Изменить размер шрифта - +
Веллингтон так мало возражал против их ухода, что стало ясно: он с самого начала не слишком хотел видеть их рядом с собой. Их выбрали, потому что они оказывали успокаивающее действие на Каннинга, но они не были незаменимыми. Теперь, когда за главных остались Веллингтон и Пиль, перед тори распахнулись врата рая.

В июне 1828 года Дэниел О’Коннелл победил на дополнительных выборах в графстве Клэр. Он был реформатором, а не революционером, но поддерживал любые меры, в перспективе ведущие к освобождению угнетенных народов. Однако он выступал против запугивания или агитации в Ирландии, считая, что свобода, полученная парламентским путем, надежнее и безопаснее, нежели освобождение посредством вооруженной борьбы. У О’Коннелла было три лица: одно, которое он открывал своим близким союзникам, другое, которое он позднее продемонстрировал палате общин, и третье, которое он показывал своему народу. В этом состояло его мастерство и сила как лидера. Для своего народа он был таким же уроженцем Ирландии, земляком с хорошо подвешенным языком, каких немало встречается среди завсегдатаев любого бара. В парламенте он говорил страстно и временами почти бессвязно. С друзьями он был любезным и даже вальяжным. Он мастерски умел менять настроение и образ.

Ему, как и многим другим, пришло в голову, что, хотя католики не могут сидеть в Вестминстере, ничто не мешает им баллотироваться на выборах.

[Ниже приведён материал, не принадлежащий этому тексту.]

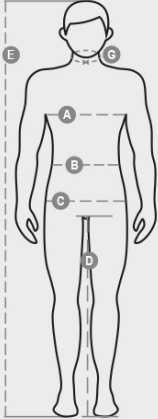

304L

S01161-0146

Haljasnahkaiset 40 cm:n pituiset suojasäärystimet. Ominaisuudet: tukeva rakenne, erittäin kestävä. Vahvuudet: suojaus. Vahvuudet: suojaus. Käyttöalueet: raskas käsittely, sopii kosketukseen kuuman purseenpoistomateriaalin kanssa. Pienin myytävä määrä: 10 paria.

KOOSTUMUS: NAUDAN HALJASNAHKA
KANGAS: HALJASNAHKAISET SÄÄRYSTIMET
PAINO: 100 GR/MQ
KOOT: 40
PAKKAUS: 10/50
HS-KOODI: 42034000
MADE IN: IT

VäRIT

JÄÄ
99003

KäYTTöALUEET

Casual&Workwear - Tops

| International sizes | | XXS | | XS | | S | | M | | L | | XL | | XXL | | 3XL | | 4XL | | 5XL | |
|---------------------|----------|---------|-----|----|----|-----|-----|---------|-----|-----|-----|------|------|---------|-----|-----|-----|-----|-----|-----|-----|
| IT - DE | | 36 | 38 | 40 | 42 | 44 | 46 | 48 | 50 | 52 | 54 | 56 | 58 | 60 | 62 | 64 | 66 | 68 | 70 | 72 | 74 |
| FR - ES | | 32 | 34 | 36 | 38 | 40 | 42 | 44 | 46 | 48 | 50 | 52 | 54 | 56 | 58 | 60 | 62 | 64 | 66 | 68 | 70 |
| UK | | 29 | 30 | 31 | 33 | 34 | 36 | 38 | 39 | 41 | 42 | 44 | 46 | 47 | 48 | 50 | 52 | 53 | 55 | 56 | 58 |
| Collar | (G) - cm | 37 | 37 | 38 | 38 | 39 | 39 | 40 | 40 | 41 | 41 | 42,5 | 42,5 | 44 | 44 | 45 | 45 | 46 | 46 | 47 | 47 |
| | (G) - in | 14½ | 14½ | 15 | 15 | 15½ | 15½ | 15¾ | 15¾ | 16 | 16 | 16¾ | 16¾ | 17¼ | 17¼ | 17¾ | 17¾ | 18 | 18 | 18½ | 18½ |
| Chest | (A) - cm | 72 | 76 | 80 | 84 | 88 | 92 | 96 | 100 | 104 | 108 | 112 | 116 | 120 | 124 | 128 | 132 | 136 | 140 | 144 | 148 |
| | (A) - in | 28 | 30 | 31 | 33 | 34 | 36 | 38 | 39 | 41 | 42 | 44 | 46 | 47 | 48 | 50 | 52 | 53 | 55 | 56 | 58 |
| Waist | (B) - cm | 64 | 68 | 72 | 74 | 76 | 80 | 84 | 88 | 92 | 96 | 100 | 104 | 108 | 112 | 116 | 120 | 124 | 128 | 132 | 136 |
| | (B) - in | 25 | 27 | 28 | 29 | 30 | 32 | 33 | 34 | 36 | 38 | 40 | 41 | 43 | 45 | 46 | 48 | 49 | 51 | 52 | 54 |
| Height | (E) - cm | 170/181 | | | | | | 175/187 | | | | | | 175/189 | | | | | | | |
| | (E) - in | 67/71 | | | | | | 69/73 | | | | | | 69/75 | | | | | | | |

Он принял участие в дополнительных выборах от графства Клэр — и выиграл. Он не мог занять свое место в Вестминстере, поскольку он был католиком и не стал бы приносить служебную присягу. Что было делать? Если ему откажут в месте на парламентской скамье, это может обернуться мятежом и даже гражданской войной в Ирландии, но если он займет это место, то же самое может произойти в Англии, где король цеплялся, как утопающий за соломинку, за свою коронационную клятву. Чтобы переубедить его, понадобился бы дворцовый переворот. Если добавить к этому рой пылких реформаторов и вечно недовольную протестантскую толпу, бродящую по улицам Лондона, дилемма становится слишком очевидной. Никаких всеобщих выборов быть не могло, поскольку католики, следуя примеру О’Коннелла, избрали бы отряд католических депутатов, которым нельзя было разрешить занять свои места. Если Католическая ассоциация окажется сильнее традиционных земельных интересов, зачем нужна протестантская конституция, которая рычит и раскидывает лапами землю, но ничего не может сделать?

Веллингтон и король часами беседовали об этом, и король часто плакал от горя и гнева. Веллингтон окончательно убедился в том, что католическая эмансипация — единственный целесообразный и практичный путь. Волнение короля все возрастало, и он, как раньше его отец, оказался на грани безумия. Симпатизировавшая вигам леди Холланд слышала из надежных источников, что он был готов часами говорить на эту страшную тему «и каждый раз приходил в совершеннейшую ярость». Он угрожал удалиться в Ганновер и больше никогда не возвращаться в Англию. Он хвастал (или делал вид), будто сражался при Ватерлоо. После этого Веллингтон пришел к выводу, что король действительно сошел с ума. Веллингтон и Пиль знали, что игра окончена и что ирландцев больше нельзя не допускать в Вестминстер. Заламывая руки и вновь проливая слезы, 4 марта 1829 года король написал Веллингтону:

Мой дорогой друг, поскольку страна не может оставаться без управления, я решил склонить свое мнение к тому, которое, по мнению кабинета, отвечает непосредственным интересам страны. В этих обстоятельствах вы можете, с моего согласия, действовать сообразно предложенным вами мерам. Одному Господу известно, с какой болью я пишу сейчас эти слова. GR.

Это должно было быть сделано. И это было сделано. Король мог играть в управлении страной лишь незначительную роль.

Пиль представил Закон о католической эмансипации в марте 1829 года. Все знали, что это неизбежно: Пиль знал, что время католиков пришло, и Веллингтон тоже это знал.